Work required:
From the records below, set down exactly the lines starting with the line that contains "Türe ohne vertikalem Rahmen" and going on through the line that contains "Führungsschiene, doppelt <i>Guiding". Nothing else is wanted.

Material to process:
'''

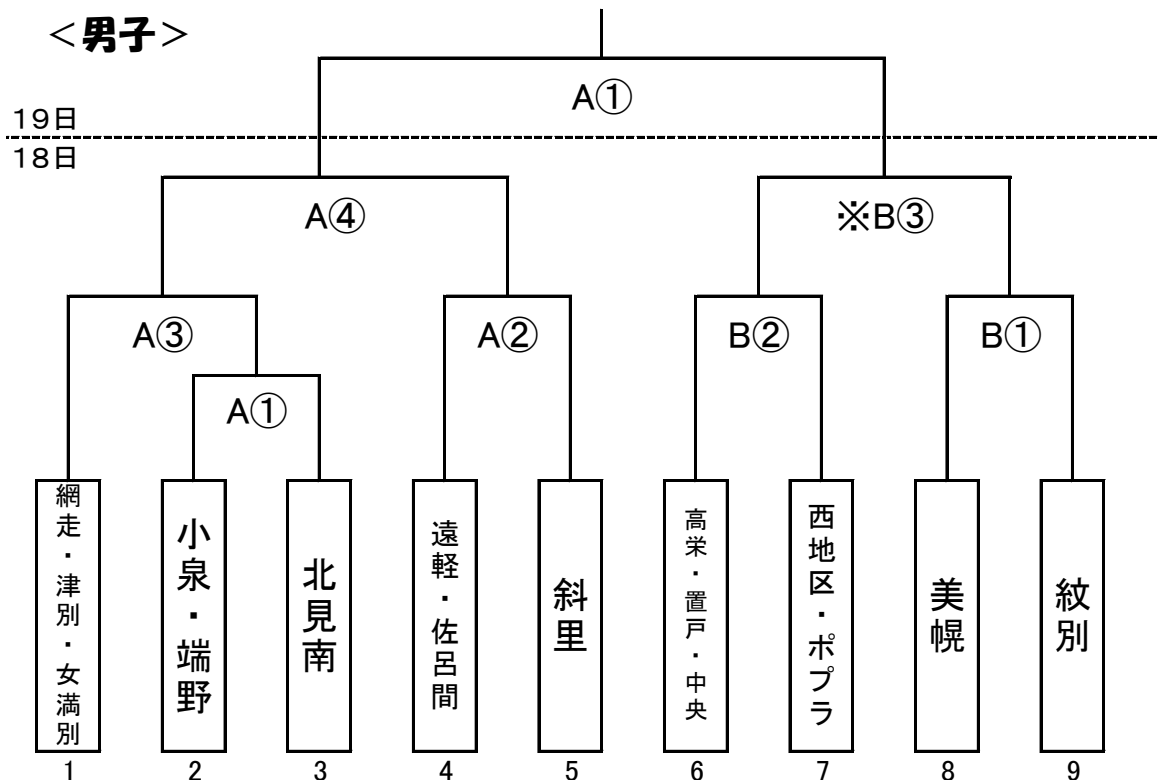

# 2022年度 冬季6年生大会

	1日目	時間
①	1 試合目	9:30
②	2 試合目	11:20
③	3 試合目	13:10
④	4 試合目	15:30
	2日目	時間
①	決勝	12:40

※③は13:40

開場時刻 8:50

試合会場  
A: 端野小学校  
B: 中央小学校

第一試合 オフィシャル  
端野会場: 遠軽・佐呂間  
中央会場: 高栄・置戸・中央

'''
'''

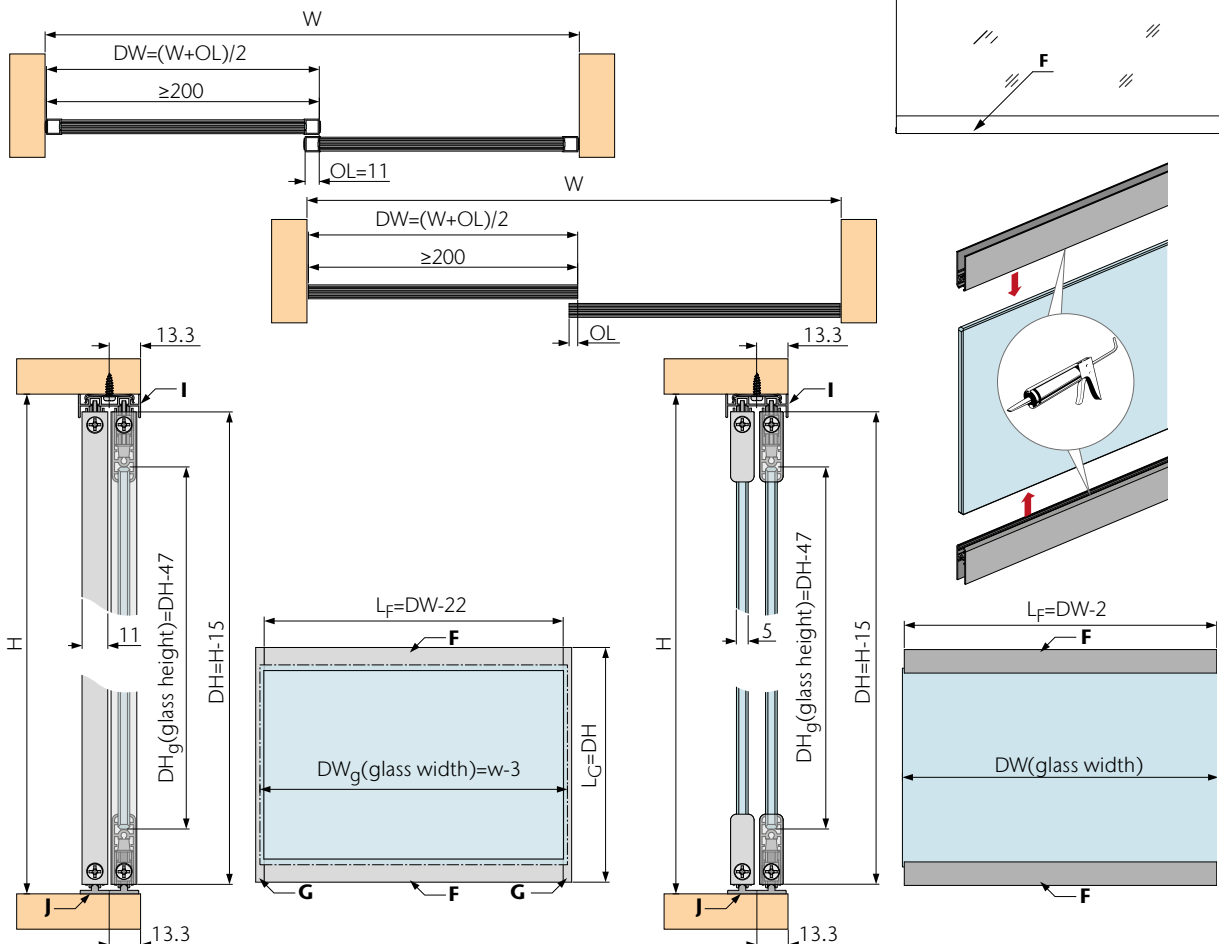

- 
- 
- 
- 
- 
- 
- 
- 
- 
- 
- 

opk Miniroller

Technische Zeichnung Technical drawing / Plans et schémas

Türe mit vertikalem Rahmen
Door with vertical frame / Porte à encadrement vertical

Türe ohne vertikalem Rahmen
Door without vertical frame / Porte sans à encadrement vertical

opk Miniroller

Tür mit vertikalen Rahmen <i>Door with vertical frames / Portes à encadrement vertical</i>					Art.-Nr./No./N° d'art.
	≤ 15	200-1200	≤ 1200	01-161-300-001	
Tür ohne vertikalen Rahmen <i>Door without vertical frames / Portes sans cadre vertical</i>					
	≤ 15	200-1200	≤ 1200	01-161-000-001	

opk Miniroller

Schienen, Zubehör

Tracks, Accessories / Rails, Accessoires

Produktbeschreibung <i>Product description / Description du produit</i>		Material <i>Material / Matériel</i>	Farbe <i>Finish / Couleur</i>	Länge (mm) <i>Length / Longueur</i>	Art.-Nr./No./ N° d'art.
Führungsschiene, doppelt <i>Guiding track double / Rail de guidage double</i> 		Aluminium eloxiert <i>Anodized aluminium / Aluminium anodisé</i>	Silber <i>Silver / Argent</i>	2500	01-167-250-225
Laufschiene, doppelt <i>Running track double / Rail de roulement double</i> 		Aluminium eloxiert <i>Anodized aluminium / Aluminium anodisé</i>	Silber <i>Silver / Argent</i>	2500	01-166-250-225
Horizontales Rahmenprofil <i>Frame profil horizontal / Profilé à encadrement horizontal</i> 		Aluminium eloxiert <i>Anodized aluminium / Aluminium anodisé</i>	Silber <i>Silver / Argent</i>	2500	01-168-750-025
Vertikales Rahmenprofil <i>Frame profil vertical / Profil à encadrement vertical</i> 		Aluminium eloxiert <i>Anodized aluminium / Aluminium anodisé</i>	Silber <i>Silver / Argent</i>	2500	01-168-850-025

'''
'''

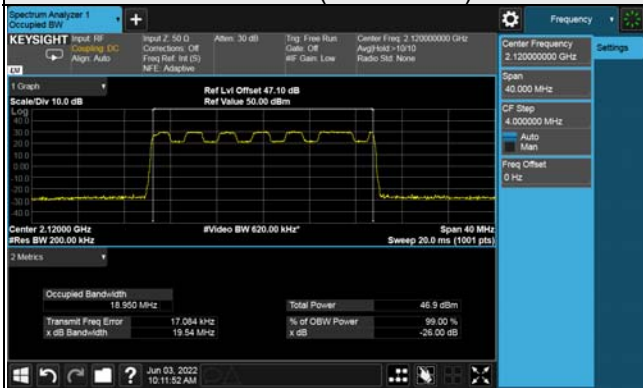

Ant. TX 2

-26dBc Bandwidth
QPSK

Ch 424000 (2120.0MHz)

'''

Solution:
Türe ohne vertikalem Rahmen
Door without vertical frame / Porte sans à encadrement vertical

opk Miniroller

Tür mit vertikalen Rahmen <i>Door with vertical frames / Portes à encadrement vertical</i>					Art.-Nr./No./N° d'art.
	≤ 15	200-1200	≤ 1200	01-161-300-001	
Tür ohne vertikalen Rahmen <i>Door without vertical frames / Portes sans cadre vertical</i>					
	≤ 15	200-1200	≤ 1200	01-161-000-001	

opk Miniroller

Schienen, Zubehör

Tracks, Accessories / Rails, Accessoires

Produktbeschreibung <i>Product description / Description du produit</i>		Material <i>Material / Matériel</i>	Farbe <i>Finish / Couleur</i>	Länge (mm) <i>Length / Longueur</i>	Art.-Nr./No./ N° d'art.
Führungsschiene, doppelt <i>Guiding track double / Rail de guidage double</i> 		Aluminium eloxiert <i>Anodized aluminium / Aluminium anodisé</i>	Silber <i>Silver / Argent</i>	2500	01-167-250-225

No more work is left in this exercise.